SUMMARY OF THE INVENTION

[0009] In one embodiment, an ALU comprises at least first and second sub-ALUs. Each of the first and second sub-ALUs includes a plurality of slices wherein the slices of the first and second sub-ALUs are interleaved.

[0010] In another embodiment, a method is used for implementing at least first and second sub-ALUs to form an ALU. Each of the first and second sub-ALUs includes a plurality of slices. The method comprises interleaving the slices of the first and second sub-ALUs.

[0011] In still another embodiment, a method is used for implementing at least first and second ALUs. The first ALU has a first input side and a first output side, the second ALU has a second input side and a second output side. The method comprises arranging the first and second ALUs using one of first and second arrangements. The first arrangement comprises arranging the first output side closer to the second output side than to the second input side. The second arrangement comprises arranging the first input side closer to the second input side than to the second output side.

[0012] In still another embodiment, a digital circuit comprises at least first and second ALUs. The first ALU has a first input side and a first output side, the second ALU has a second input side and a second output side. The first and second ALUs are arranged in one of first and second arrangements. In the first arrangement, the first output side is closer to the second output side than to the second input side. In the second arrangement, the first input side is closer to the second input side than to the second output side.

BRIEF DESCRIPTION OF THE DRAWINGS

[0013] So that the manner in which the above recited features, advantages and objects of the present invention are attained and can be understood in detail, a more particular description of the invention, briefly summarized above, may be had by reference to the embodiments thereof which are illustrated in the appended drawings.
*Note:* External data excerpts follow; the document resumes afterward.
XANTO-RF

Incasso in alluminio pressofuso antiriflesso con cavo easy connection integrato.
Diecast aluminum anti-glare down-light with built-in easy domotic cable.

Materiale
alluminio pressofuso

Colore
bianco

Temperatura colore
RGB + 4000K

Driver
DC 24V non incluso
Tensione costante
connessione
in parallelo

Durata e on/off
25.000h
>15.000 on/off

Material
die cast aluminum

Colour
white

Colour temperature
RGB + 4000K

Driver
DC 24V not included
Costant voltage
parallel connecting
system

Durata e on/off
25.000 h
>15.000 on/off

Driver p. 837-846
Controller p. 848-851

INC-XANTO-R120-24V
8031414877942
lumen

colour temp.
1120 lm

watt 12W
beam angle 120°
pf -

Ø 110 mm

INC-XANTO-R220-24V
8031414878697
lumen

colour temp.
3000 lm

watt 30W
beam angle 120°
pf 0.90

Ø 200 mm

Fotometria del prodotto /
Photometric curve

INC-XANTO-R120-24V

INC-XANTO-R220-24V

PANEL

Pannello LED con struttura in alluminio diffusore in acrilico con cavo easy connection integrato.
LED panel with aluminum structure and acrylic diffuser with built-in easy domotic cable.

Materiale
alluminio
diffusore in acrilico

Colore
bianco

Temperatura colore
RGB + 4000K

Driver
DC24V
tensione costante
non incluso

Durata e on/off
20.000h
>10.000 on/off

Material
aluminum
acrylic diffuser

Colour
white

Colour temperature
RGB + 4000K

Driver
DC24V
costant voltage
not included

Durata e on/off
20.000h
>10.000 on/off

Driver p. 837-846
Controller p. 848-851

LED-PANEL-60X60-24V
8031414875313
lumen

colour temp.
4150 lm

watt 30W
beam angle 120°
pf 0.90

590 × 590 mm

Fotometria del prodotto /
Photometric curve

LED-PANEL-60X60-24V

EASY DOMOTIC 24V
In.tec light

[0014] It is to be noted, however, that the appended drawings illustrate only typical embodiments of this invention and are therefore not to be considered limiting of its scope, for the invention may admit to other equally effective embodiments.

[0015] FIG. 1 is a computer system 100 according to one embodiment.
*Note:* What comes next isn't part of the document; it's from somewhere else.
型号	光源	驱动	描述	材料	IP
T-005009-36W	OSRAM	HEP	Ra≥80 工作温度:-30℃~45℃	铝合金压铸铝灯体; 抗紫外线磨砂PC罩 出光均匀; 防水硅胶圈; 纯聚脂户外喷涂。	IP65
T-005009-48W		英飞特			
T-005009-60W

[0016] FIG. 2a shows one embodiment of the ALU 200 of FIG. 1.

[0017] FIG. 2b shows one embodiment of the ALU 200 of FIG. 2a.

[0018] FIG. 2c shows how the inputs and outputs of the ALU 200 can be connected in one embodiment.

[0019] FIG. 2d shows a conventional ALU 200d for comparison with the ALU 200 of FIG. 2c.

[0020] FIG. 2e shows conventional ALU 0 and ALU 1 in connection with other units.

[0021] FIG. 2f shows a single ALU 0/1 according to one embodiment of the invention for comparison with the ALU 0 and ALU 1 of FIG. 2e.

[0022] FIG. 2g shows one embodiment of a cross-sectional view of the ALU 200.

[0023] FIG. 3 shows an ALU 300 according to one embodiment.

[0024] FIG. 4 shows an ALU 400 according to one embodiment.

[0025] FIG. 5 shows how two ALUs 200a &200b can be arranged and connected according to one embodiment.

DETAILED DESCRIPTION OF THE PREFERRED EMBODIMENTS

[0026] Embodiments are provided in which two or more sub-ALUs are interleaved to form a single ALU so as to shorten and reduce the number of the connection lines interconnecting the ALU to other devices.

[0027] FIG. 1 shows a computer system 100 according to one embodiment. Illustratively, the computer system 100 includes a system bus 116, at least one processor 114 coupled to the system bus 116. The processor 114 includes an Arithmetic Logic Unit (ALU) 200. The computer system 100 also includes an input device 144 coupled to system bus 116 via an input interface 146, a storage device 134 coupled to system bus 116 via a mass storage interface 132, a terminal 138 coupled to system bus 116 via a terminal interface 136, and a plurality of networked devices 142 coupled to system bus 116 via a network interface 140.

[0028] Terminal 138 is any display device such as a cathode ray tube (CRT) or a plasma screen. Terminal 138 and networked devices 142 may be desktop or PC-based computers, workstations, network terminals, or other networked computer systems. Input device 144 can be any device to give input to the computer system 100. For example, a keyboard, keypad, light pen, touch screen, button, mouse, track ball, or speech recognition unit could be used. Further, although shown separately from the input device, the terminal 138 and input device 144 could be combined. For example, a display screen with an integrated touch screen, a display with an integrated keyboard or a speech recognition unit combined with a text speech converter could be used.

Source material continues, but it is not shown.